Interpretação dos Cinco Pontos
O terceiro ponto sepulta qualquer pretensão de associar o Arminianismo ao Pelagianismo ou ao Semipelagianismo. De fato, a doutrina de Armínio é perfeitamente compatível com a Depravação Total calvinista. Ou seja, em seu estado original o homem é herdeiro da natureza pecaminosa de Adão e totalmente incapaz, até mesmo, de desejar se aproximar de Deus. Nenhum homem nasce com o “livre-arbítrio”, ou seja, com a capacidade de não resistir a Deus.
O quarto ponto demonstra claramente que é a graça preveniente que restaura no homem a sua capacidade de não resistir à Deus. Portanto, para Armínio, a salvação é pela graça somente e por meio da fé somente. Nesse sentido, os arminianos do coração concordam com os calvinistas no sentido de que a capacitação, por meio da graça, precede a fé, e que até mesmo a fé salvadora seja um dom de Deus. A diferença está na compreensão da operação dessa graça. Para os calvinistas, a graça é concedida apenas aos eleitos, que a ela não podem resistir. Para os arminianos, a expiação por meio de Jesus Cristo é universal e comunica essa graça preveniente a todos os homens, mas ela pode ser resistida. Assim como o pecado entrou no mundo pelo primeiro Adão, a graça foi concedida ao mundo por meio de Cristo, o segundo Adão (conforme Rm 5.18, Jo 1.9 etc.). Nesse sentido, os arminianos entendem que 1Tm 4.10 aponta para duas salvações em Cristo: uma universal e uma especial para os que crêem. A primeira corresponde à graça preveniente, concedida a todos os homens, que lhes restaura o arbítrio, ou seja, a capacidade de não resistir a Deus. Ela é distribuída a todos os homens porque Deus é amor (1Jo 4.8, Jo 3.16) e deseja que todos os homens se salvem (1Tm 2.4, 2Pe 3.9 etc.), conforme defendido no segundo ponto do Arminianismo. A segunda é alcançada apenas pelos que não resistem à graça salvadora e crêem em Cristo. Estes são os predestinados, segundo a visão arminiana de predestinação.

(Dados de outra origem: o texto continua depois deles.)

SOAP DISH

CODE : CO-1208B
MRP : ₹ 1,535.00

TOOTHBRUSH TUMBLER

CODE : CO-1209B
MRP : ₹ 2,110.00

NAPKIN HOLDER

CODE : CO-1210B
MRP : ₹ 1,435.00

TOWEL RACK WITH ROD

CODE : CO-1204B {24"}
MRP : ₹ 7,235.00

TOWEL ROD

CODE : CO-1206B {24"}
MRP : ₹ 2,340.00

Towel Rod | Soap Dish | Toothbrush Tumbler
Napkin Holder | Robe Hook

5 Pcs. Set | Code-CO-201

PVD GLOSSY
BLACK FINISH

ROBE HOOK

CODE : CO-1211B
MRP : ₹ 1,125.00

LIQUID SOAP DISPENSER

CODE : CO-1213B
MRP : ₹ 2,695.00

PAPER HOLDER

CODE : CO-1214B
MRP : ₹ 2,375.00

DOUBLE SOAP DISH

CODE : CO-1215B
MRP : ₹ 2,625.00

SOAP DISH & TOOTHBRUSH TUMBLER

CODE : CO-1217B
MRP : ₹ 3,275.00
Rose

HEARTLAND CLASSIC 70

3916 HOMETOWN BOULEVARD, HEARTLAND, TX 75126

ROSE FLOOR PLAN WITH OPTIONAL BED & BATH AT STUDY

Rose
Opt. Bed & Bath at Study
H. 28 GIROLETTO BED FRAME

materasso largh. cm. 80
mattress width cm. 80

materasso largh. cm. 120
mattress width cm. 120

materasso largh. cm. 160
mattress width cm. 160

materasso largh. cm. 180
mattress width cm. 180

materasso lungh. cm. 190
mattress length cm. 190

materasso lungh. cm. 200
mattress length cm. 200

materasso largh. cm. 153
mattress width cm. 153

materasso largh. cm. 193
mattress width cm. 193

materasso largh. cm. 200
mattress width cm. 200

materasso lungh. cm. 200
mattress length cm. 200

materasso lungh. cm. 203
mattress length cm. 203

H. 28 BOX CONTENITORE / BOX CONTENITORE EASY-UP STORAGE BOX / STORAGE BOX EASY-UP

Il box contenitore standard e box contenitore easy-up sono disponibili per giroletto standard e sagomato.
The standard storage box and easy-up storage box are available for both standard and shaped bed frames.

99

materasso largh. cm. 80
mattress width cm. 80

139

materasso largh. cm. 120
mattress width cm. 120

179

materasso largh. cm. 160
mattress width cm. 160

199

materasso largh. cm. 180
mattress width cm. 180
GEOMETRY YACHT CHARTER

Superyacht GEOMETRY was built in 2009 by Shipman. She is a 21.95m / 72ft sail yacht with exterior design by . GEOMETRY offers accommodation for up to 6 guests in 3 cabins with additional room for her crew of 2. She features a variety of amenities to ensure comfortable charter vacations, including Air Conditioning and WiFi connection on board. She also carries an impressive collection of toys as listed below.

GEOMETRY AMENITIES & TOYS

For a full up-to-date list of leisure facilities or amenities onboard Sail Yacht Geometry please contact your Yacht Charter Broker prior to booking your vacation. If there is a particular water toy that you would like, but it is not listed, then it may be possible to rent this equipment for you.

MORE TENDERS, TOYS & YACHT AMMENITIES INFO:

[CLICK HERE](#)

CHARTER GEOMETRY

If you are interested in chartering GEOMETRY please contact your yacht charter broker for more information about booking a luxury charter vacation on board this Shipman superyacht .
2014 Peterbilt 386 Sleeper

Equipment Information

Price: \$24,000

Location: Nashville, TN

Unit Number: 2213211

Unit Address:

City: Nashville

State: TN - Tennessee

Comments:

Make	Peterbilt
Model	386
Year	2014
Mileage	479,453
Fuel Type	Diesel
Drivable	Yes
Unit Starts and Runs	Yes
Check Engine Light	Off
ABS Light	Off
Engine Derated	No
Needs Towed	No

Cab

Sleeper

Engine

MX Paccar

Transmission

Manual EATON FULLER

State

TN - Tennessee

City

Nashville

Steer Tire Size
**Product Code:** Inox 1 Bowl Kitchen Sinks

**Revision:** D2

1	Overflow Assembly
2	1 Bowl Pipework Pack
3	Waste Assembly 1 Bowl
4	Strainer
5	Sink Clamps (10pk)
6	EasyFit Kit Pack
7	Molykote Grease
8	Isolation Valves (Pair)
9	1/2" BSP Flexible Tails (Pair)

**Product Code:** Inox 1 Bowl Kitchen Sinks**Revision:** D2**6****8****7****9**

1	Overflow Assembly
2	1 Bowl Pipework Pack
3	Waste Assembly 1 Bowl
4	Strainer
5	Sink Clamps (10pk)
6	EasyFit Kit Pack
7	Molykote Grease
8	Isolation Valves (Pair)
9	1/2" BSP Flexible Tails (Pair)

Portanto, embora a expressão “livre-arbítrio” seja comumente associada ao Arminianismo, ela deve ser entendida como “arbítrio liberto” ou “vontade liberta” pela graça preveniente, convencedora, iluminadora e capacitante que torna possíveis o arrependimento e a fé. Sem a atuação da graça, nenhum homem teria livre-arbítrio.

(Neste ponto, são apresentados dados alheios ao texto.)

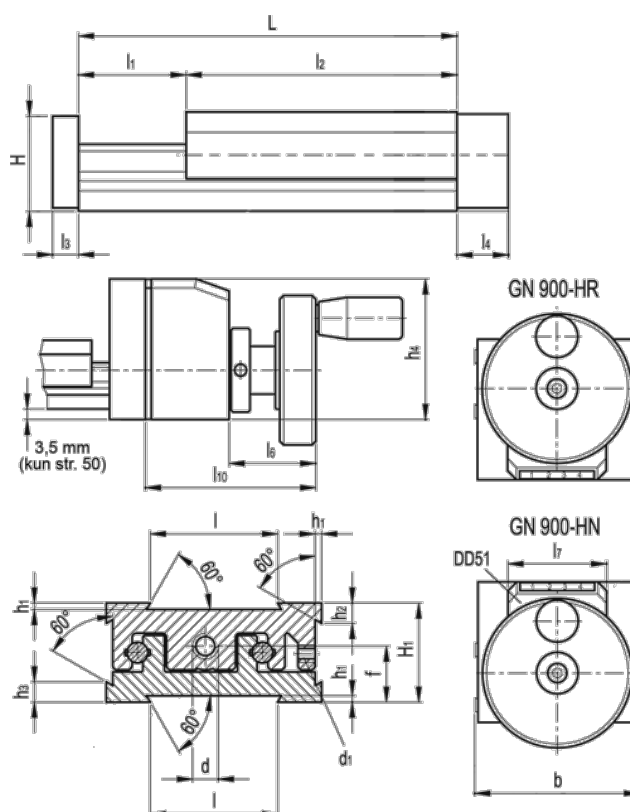

Data Sheet

Article number: 20778012

Description: Adjustable slide unit
GN 900-50-145-75-HN-1

Measures

b = 50	h3 = 7.0	l7 = 33
d = M6x1	h4 = 47	l10 = 57
d1 = M4	l = 30	
f = 13.0	L - l1 = 145-75	
H = 23.0	l2 = 70	
h1 = 1.5	l3 = 6	
H1 = 23	l4 = 12	
h2 = 4.5	l6 = 22	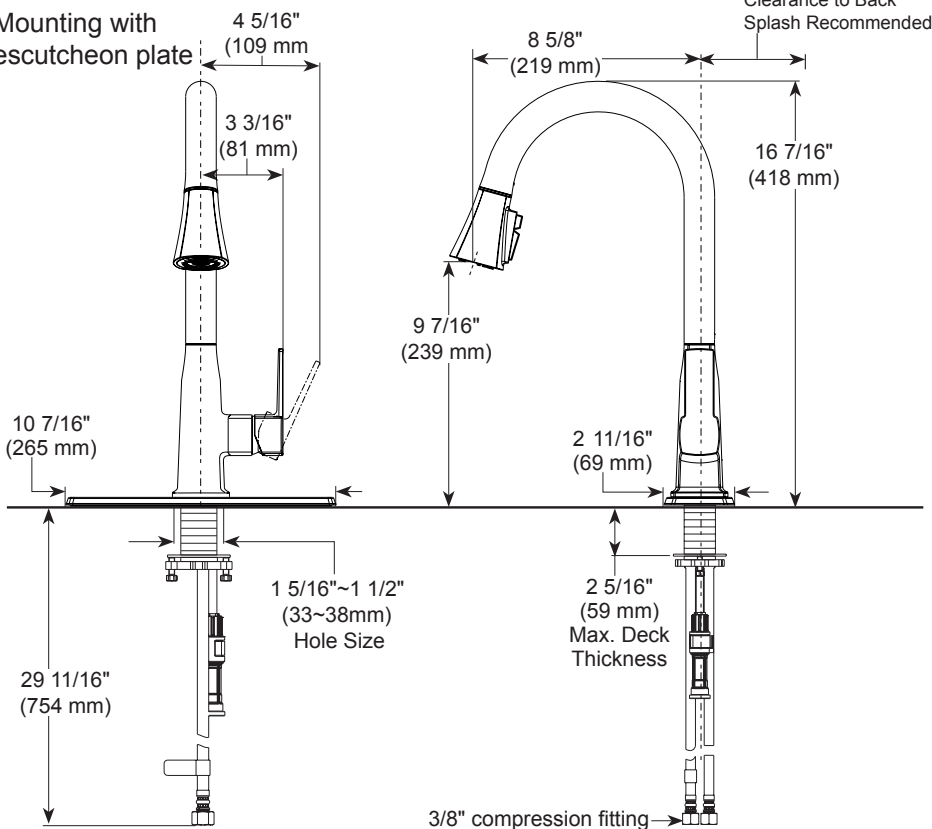

PEERLESS®

P7971LF▲

Mounting without escutcheon plate

Mounting with escutcheon plate

KITCHEN FAUCETS

- Ezra™ Collection
- Single handle pull-down
- 1, 2, 3 or 4 Hole Sink Applications

STANDARD SPECIFICATIONS:

- Maximum 1.5 gpm @ 60 psi, 5.7 L/min @ 414 kPa
- One, two, three, four hole mount options (escutcheon and soap dispenser optional, sold separately)
- 3 function wand: aerated stream, spray, POWERinse™
- Dual integral check valves in sprayer hose
- Ceramic cartridge
- Spout rotates 360°
- Red/Blue indicator markings
- Polymer braided flexible supply hose with with 3/8" compression fitting - 30" (762mm) long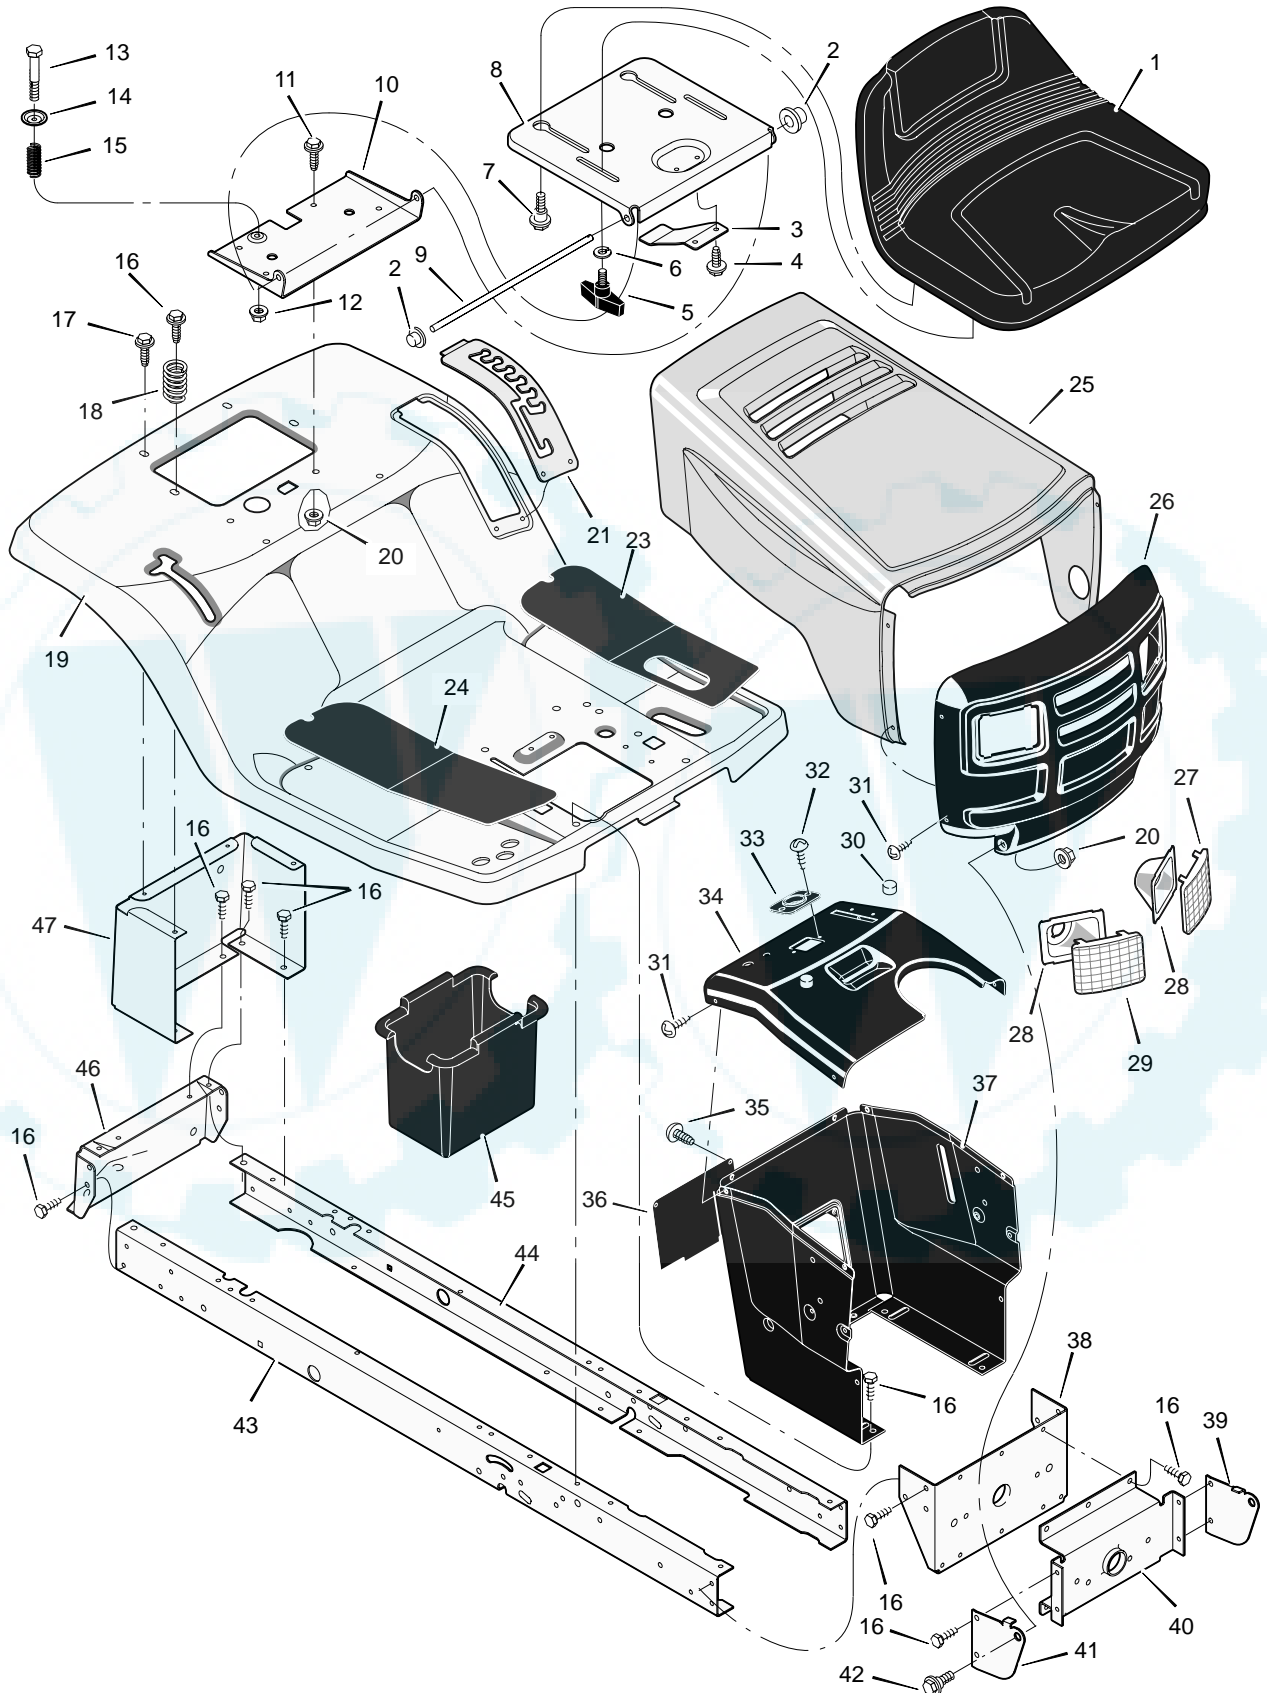

MODEL 31201x98C

REPAIR PARTS CHASSIS & HOOD

MODEL 31201x98C

REPAIR PARTS CHASSIS & HOOD

Key No.	Description	Part No.	Key No.	Description	Part No.
1	Seat	690566	25	Hood	690608E245
2	Cap, Push On	28x23	26	Grille	94079E700
3	Spring	94057	27	Lens, Left	94081
4	Screw	26x229	28	Bezel	94807 Z
5	Bolt, Wing	1001054	29	Lens, Right	94080
6	Washer	17x47	31	Screw	26x270
7	Bolt, Shoulder	9x56	32	Screw	26x239
8	Support, Seat	94154E700	33	Bearing, Steering	94075
9	Rod, Pivot	94156 Z	34	Dash	94074E700
10	Bracket, Pivot	94153E700	35	Screw	26x250
11	Bolt	1x45	36	Panel, Access	93007E700
12	Nut	15x89	37	Support, Dash	95318E700
13	Bolt, Shoulder	9x55	38	Bracket, Rear Hanger	94013E700
14	Washer	94155Z	39	Support, Left Grille	94083E700
15	Spring	164x31	40	Axle, Hanger	94007E700
16	Screw	26x249	41	Support, Right Grille	94082E700
17	Screw	26x263	42	Bolt, Shoulder	9x51
18	Spring	164x30	43	Frame, Right	1001124E700
19	Deck, Seat	95249E245	44	Frame, Left	1001123E700
20	Nut	15x88	45	Container, Battery	690424
21	Plate, Index	94151E700	46	Plate, Hitch	1001002E700
23	Mat, Left	94999	47	Panel, Rear	690434E700
24	Mat, Right	94998	—	Instruction Book & Parts List	F-010742L

Ao contrário dos calvinistas, os arminianos crêem que essa graça preveniente, concedida a todos os homens, não é uma força irresistível, que leva o homem necessariamente à salvação. Para Armínio, tal graça irresistível violaria o caráter pessoal da relação entre Deus e o homem. Assim, todos os homens continuam a ter a capacidade de resistir a Deus, que já possuíam antes da operação da graça (conforme At 7.51, Lc 7.30, Mt 23.37 etc.). Portanto, a responsabilidade do homem em sua salvação consiste em não resistir ao Espírito Santo. Este é o coração do sinergismo arminiano, o qual difere radicalmente dos sinergismos pelagiano e semipelagiano.
No que tange à perseverança dos santos, os remonstrantes não se posicionaram, já que deixaram a questão em aberto.